◆ **Activity**:
The answer must repeat every record exactly, with no pictures in it.

<<<<

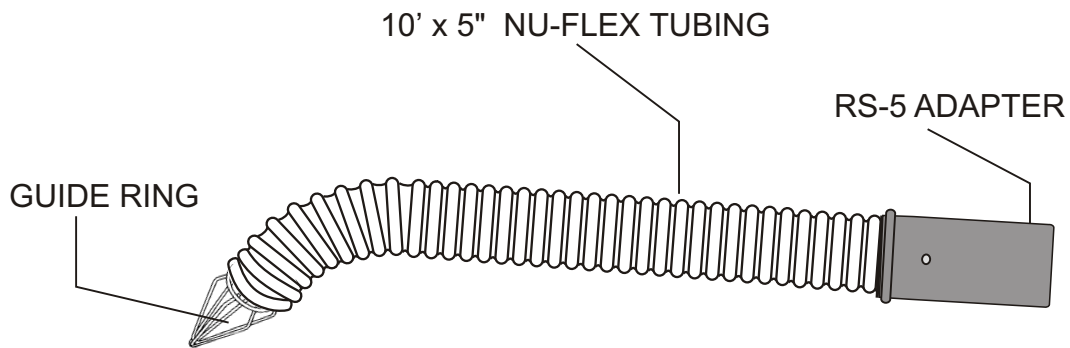

TNU HOSE ASSEMBLIES FOR UNDERFLOOR EXHAUST UNITS

Series RO EPDM Adapter

Series **RO** is a versatile adapter designed for use on cars and small trucks. For 3" or 4" hose

QTY.	MODEL	HOSE DIA.
	TNU-310	3"
	TNU-410	4"

Series RS EPDM Adapter

Series **RS** adapter is a straight type adapter for use on cars and trucks. For 5" hose.

QTY.	MODEL	HOSE DIA.
	TNU-510	5"
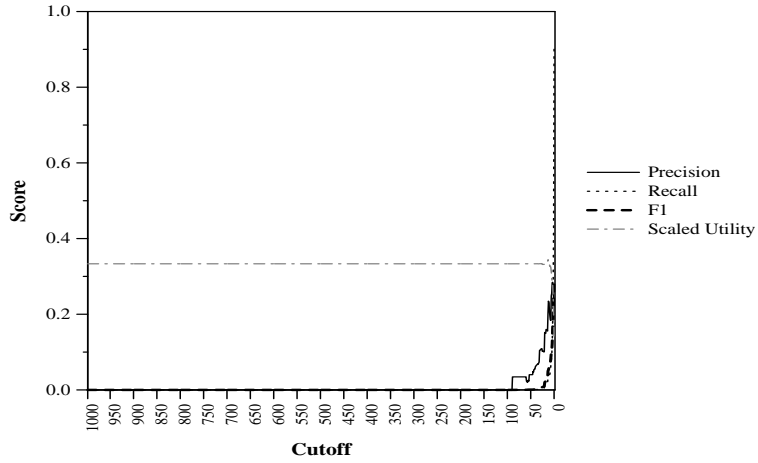

Knowledgebase Acceleration (KBA) Track results — University of Amsterdam (UvA)

Run ID:	UvA-UvAbaseline
Run Type:	automatic
Corpus:	kba-stream-corpus-2012-cleansed-only

Score at Cutoff (averaged over topics)

Difference from median maxF per topic
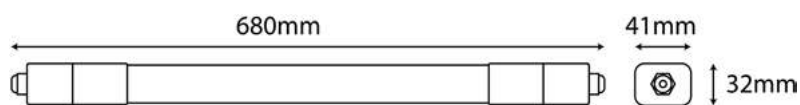

100lm/W

ALNLNW-18W

5999097923147

LED NANO LIGHT LINKABLE 1200MM

24W | 2 400lm | 220-240V | 41x1225x1225mm | 150° | 25 000h | 25/c

100lm/W

ALNLNW-24W

5999097923123
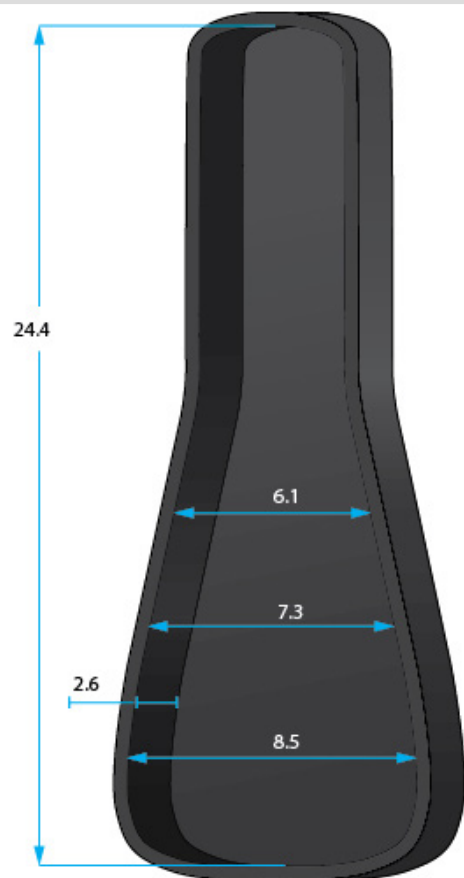

## SPECIFICATION SHEET

GB-4G-UKE CON

\* Dimensions Are Measured In Inches With No Interior Foam Compression

### Interior Dimensions

BODY HEIGHT: 2.6" (66mm)	UPPER BOUT: 6.1" (155mm)
OVERALL LENGTH: 24.4" (620mm)	WAIST: 7.3" (185mm)
POCKET (MM): 245 X 155 X 20	LOWER BOUT: 8.5" (216mm)

### Exterior Dimensions

LENGTH: 26.6" (676mm)
WIDTH : 9.4" (239mm)
HEIGHT: 4.6" (117mm)
WEIGHT: 1.62lbs. (.73kgs)

### 4G:

- 20mm Interior Padding for Impact Resistance
- Spare Guitar Pick Storage on the Pick-Clip Zipper Pull
- Padded Backpack Style Straps
- Additional Internal Pads to Protect Bottom of Guitar

>>>>

◆ **Solution to the exercise**:
TNU HOSE ASSEMBLIES FOR UNDERFLOOR EXHAUST UNITS

Series RO EPDM Adapter

Series **RO** is a versatile adapter designed for use on cars and small trucks. For 3" or 4" hose

QTY.	MODEL	HOSE DIA.
	TNU-310	3"
	TNU-410	4"

Series RS EPDM Adapter

Series **RS** adapter is a straight type adapter for use on cars and trucks. For 5" hose.

QTY.	MODEL	HOSE DIA.
	TNU-510	5"

Knowledgebase Acceleration (KBA) Track results — University of Amsterdam (UvA)

Run ID:	UvA-UvAbaseline
Run Type:	automatic
Corpus:	kba-stream-corpus-2012-cleansed-only

Score at Cutoff (averaged over topics)

Difference from median maxF per topic

100lm/W

ALNLNW-18W

5999097923147

LED NANO LIGHT LINKABLE 1200MM

24W | 2 400lm | 220-240V | 41x1225x1225mm | 150° | 25 000h | 25/c

100lm/W

ALNLNW-24W

5999097923123

## SPECIFICATION SHEET

GB-4G-UKE CON

\* Dimensions Are Measured In Inches With No Interior Foam Compression

### Interior Dimensions

BODY HEIGHT: 2.6" (66mm)	UPPER BOUT: 6.1" (155mm)
OVERALL LENGTH: 24.4" (620mm)	WAIST: 7.3" (185mm)
POCKET (MM): 245 X 155 X 20	LOWER BOUT: 8.5" (216mm)

### Exterior Dimensions

LENGTH: 26.6" (676mm)
WIDTH : 9.4" (239mm)
HEIGHT: 4.6" (117mm)
WEIGHT: 1.62lbs. (.73kgs)

### 4G:

- 20mm Interior Padding for Impact Resistance
- Spare Guitar Pick Storage on the Pick-Clip Zipper Pull
- Padded Backpack Style Straps
- Additional Internal Pads to Protect Bottom of Guitar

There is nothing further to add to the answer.